Эрвин Штриттматтер - Чудодей
— «О Сюзанна, как прекрасна эта жизнь…» — пропела она.
Явилась Лена с ворохом пеленок. Густав вытаращил глаза.
— Сколько?
— Пять марок.
— Видно, они деньги по дороге посеяли. Эта полоумная Шульте все время размахивала конвертом.
Старших детей послали осмотреть дорогу. Эльзбет юлой вертелась от голода.
— Ступай, ступай, а то кто другой отыщет деньги в дорожной пыли.
— «С голодухи тетя Аист жрет зеленых лягушат…» — пела в горнице Шульте. Густав с бутылкой вина бросился к крестным.
— Перед крестинным пиром надо выпить по стаканчику, старый обычай велит, чтобы ребеночек рос хорошо!
Выпила только Шульте, да и то через силу. Дети еще не вернулись с поисков крестинных денег, а Лена и Густав уже знали, что на дороге не потеряно было и пфеннига.
— Подарить мне нечего, — прошептала управительша. — После обмолота муж пришлет вам мешочек корма для кур. А деньги — это так безлично.
— Вы, конечно, удивитесь, что мы ничего вам не дарим, — сказала лавочница и улыбнулась. — Не все можется, чего хочется. Но мы списали все ваши долги. Так что теперь за вами ничего.
— Я, к сожалению, могла подарить вам только пять марок, — как мышь пропищала учительша и слегка пошатнулась. — Ведь надо же еще дожить до первого числа.
Эльзбет с пятью крестинными марками побежала в Шлейфмюле за мукой для блинчиков, сахаром и чуточкой шнапса для разочарованного, ах, еще как разочарованного Густава.
Под вечер на сковороде с длинной ручкой скворчали блинчики.

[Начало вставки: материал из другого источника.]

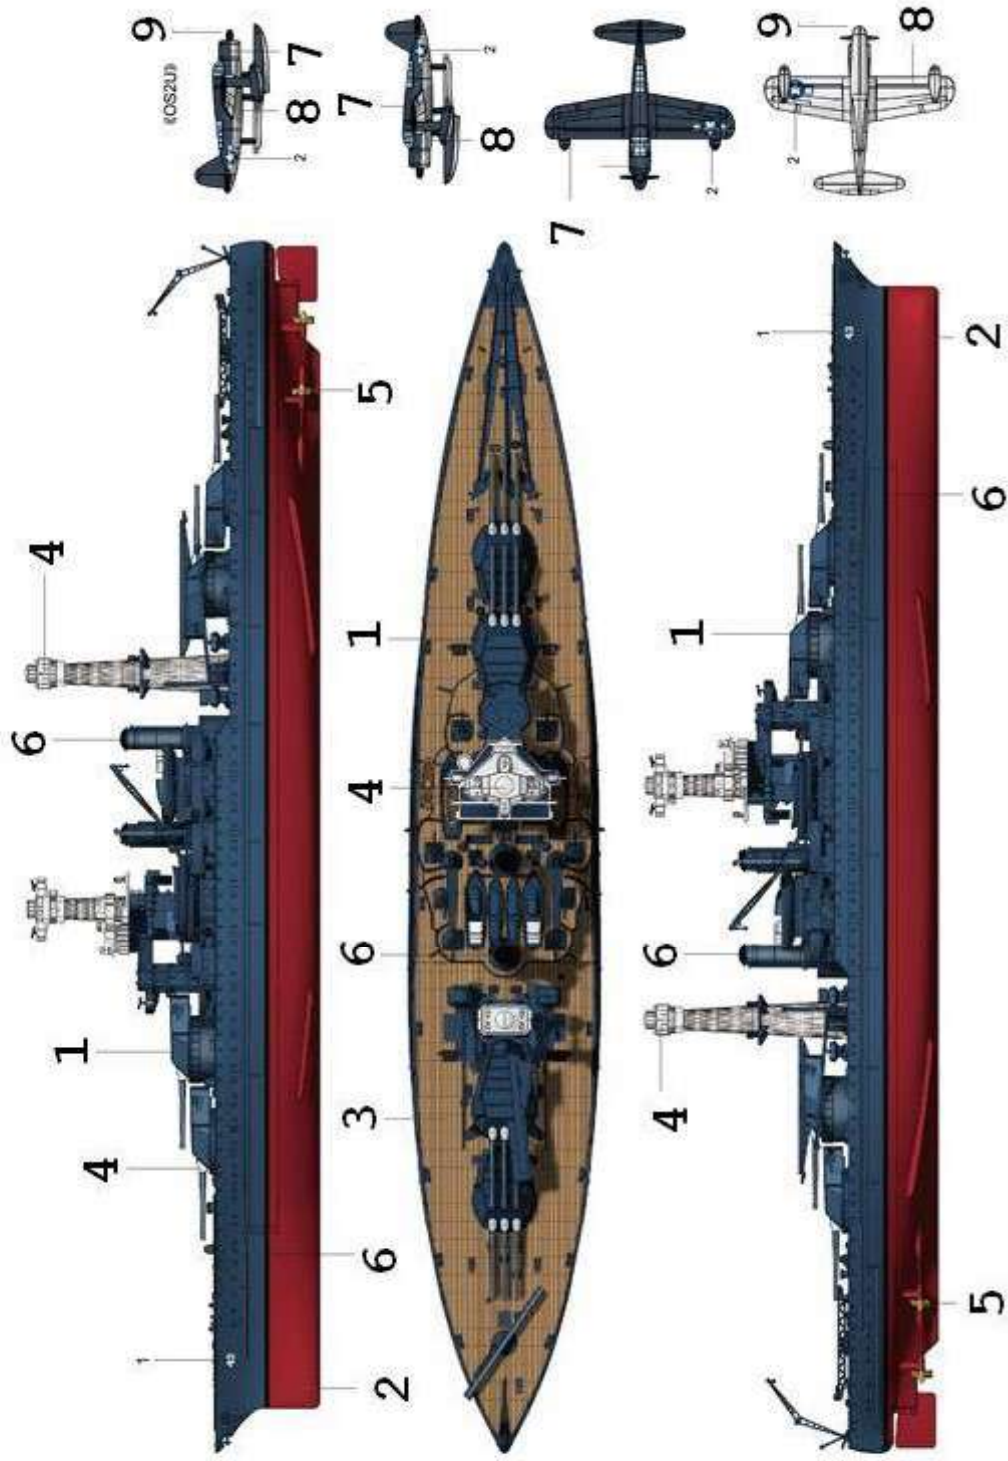

U.S.S. Tennessee BB-43 1941 Pearl Harbor

Camuflaje - Camouflage:

- 1.-obra viva - free board: 70991
- 2.-obra muerta - Hull: 70985
- 3.-cubierta - deck: 70819
- 4.-cofas - foretop: 70951
- 5.-helice - propeller: 70878
- 6.-chimeneas - top pipe: 70950

Avión - Plane:

- 7.-superior - topside: 70991
- 8.-inferior - underside: 70951
- 9.-helice - propeller: 70950
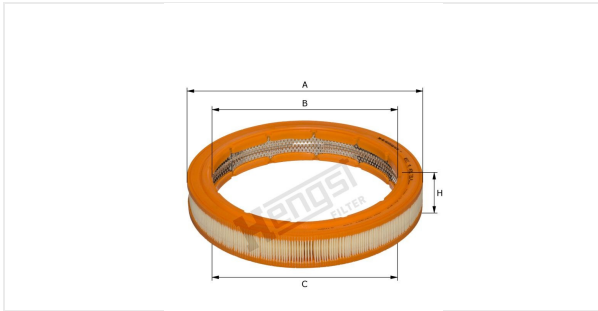

Air filter insert
E183L

Technical data

EDP	10751310000
EAN	4030776080698
Status	Available

Dimensions in mm

A	310.00
B	243.00
C	243.00
D	
E	
F	
G	
H	51.00
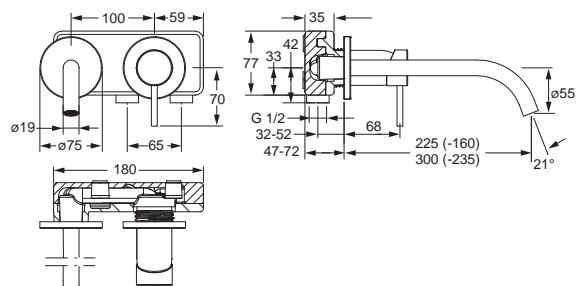

HANSAPUBLIC

5795217133

Čierna matná

€ 560,64

DVGW: DW-6512CS0518 | ABP: P-IX 29076/IO | ACS: 16 ACC LY 699

Umývadlová batéria | Sada pre konečnú montáž/Jednopáková | Podomietková inštalácia (2 montážne otvory)

- Vodné cesty bez poniklovania
- Flexibilná dĺžka / Môže sa skrátiť

Prietok pri tlaku 3 bar (s ovládačom prietoku): 7.8 l/min
Dodávka teplej vody: max. +90°C

EAN 4057304015793

Dostupné od: 01-07-2021
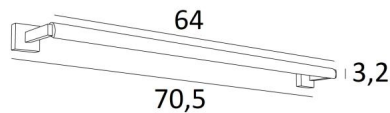

## CREMONE 65

CREMONE 65 en bronze griffé. Finition du métal : code 29

Eclairage de tableau ou à placer dans le haut d'une bibliothèque

**CREMONE 65**, longueur hors-tout : 70,5cm

Dans le réflecteur, orientable sur 360°, un module LED est intégré. De lumière chaude, puissante et généreuse, il éclaire d'une manière régulière et continue sur toute la longueur de l'appareil

### DIMENSIONS HORS-TOUT

H5cm L70,5cm |→11,7cm

**BASES** : #5 x 1,9cm (x2)

Le réflecteur est orientable sur 360°

Dimensions du réflecteur : L64cm Ø3,2cm H2,5cm

L'alimentation électrique est prévue dans une des deux bases murales

Deux patères pour fixer les bases au mur ([plan en PDF](#))

Густав пытался заткнуть голодные детские рты. Всякий раз, как он сбрасывал со сковороды очередной золотисто-желтый блин, дети тут же рвали его на шесть частей и заглатывали. В горнице Шульте орала частушки. Да еще стучала при этом кулаками по столу. Кофейные чашки дребезжали.

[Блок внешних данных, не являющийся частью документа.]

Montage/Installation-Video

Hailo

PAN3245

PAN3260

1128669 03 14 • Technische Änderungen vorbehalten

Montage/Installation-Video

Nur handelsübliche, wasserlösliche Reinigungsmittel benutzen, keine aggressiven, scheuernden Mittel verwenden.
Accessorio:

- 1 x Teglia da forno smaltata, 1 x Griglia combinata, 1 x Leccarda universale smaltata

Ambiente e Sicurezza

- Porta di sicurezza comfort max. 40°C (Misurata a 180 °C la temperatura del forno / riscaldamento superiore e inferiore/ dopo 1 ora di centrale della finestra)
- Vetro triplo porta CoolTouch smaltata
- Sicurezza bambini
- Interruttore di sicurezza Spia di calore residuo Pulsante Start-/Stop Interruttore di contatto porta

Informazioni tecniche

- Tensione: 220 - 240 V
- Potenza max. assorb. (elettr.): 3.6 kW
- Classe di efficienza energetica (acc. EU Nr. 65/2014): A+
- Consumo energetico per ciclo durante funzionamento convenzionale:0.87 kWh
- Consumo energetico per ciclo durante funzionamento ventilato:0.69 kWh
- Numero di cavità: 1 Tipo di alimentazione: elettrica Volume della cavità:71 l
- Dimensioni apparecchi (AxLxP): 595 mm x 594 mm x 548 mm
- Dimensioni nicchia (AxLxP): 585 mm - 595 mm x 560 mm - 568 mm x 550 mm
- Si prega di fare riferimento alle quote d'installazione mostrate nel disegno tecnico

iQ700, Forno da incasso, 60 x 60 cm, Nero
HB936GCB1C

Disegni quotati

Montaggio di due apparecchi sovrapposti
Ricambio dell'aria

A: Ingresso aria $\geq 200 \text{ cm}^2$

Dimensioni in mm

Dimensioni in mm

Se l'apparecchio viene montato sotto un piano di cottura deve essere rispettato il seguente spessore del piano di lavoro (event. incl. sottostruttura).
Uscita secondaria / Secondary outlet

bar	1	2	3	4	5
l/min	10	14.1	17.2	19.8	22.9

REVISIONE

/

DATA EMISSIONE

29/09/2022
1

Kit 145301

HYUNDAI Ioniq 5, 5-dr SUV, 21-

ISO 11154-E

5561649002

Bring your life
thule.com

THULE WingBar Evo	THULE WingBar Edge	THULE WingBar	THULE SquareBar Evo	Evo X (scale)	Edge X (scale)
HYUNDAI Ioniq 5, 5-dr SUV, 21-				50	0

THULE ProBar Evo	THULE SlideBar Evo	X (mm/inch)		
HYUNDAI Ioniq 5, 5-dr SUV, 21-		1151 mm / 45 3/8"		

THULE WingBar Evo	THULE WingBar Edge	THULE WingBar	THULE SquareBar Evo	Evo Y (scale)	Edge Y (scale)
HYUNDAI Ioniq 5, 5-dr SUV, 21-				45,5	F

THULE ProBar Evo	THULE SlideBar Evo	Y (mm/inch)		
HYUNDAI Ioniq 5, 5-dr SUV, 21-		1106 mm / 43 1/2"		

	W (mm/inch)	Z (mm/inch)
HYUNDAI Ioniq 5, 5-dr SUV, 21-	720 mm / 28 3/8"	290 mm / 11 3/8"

Пирог был черничный, да съели его,должно быть, и рот посинел оттого.Охохонюшки, охохошеньки, ох-ох-ох…
Лена разрезала последний черничный пирог. Смеркалось. В кухне все еще скворчали блинчики. Запах пригорелого масла заполнил весь маленький дом. Заявились двое мужчин: лавочник и учитель пришли за своими женами.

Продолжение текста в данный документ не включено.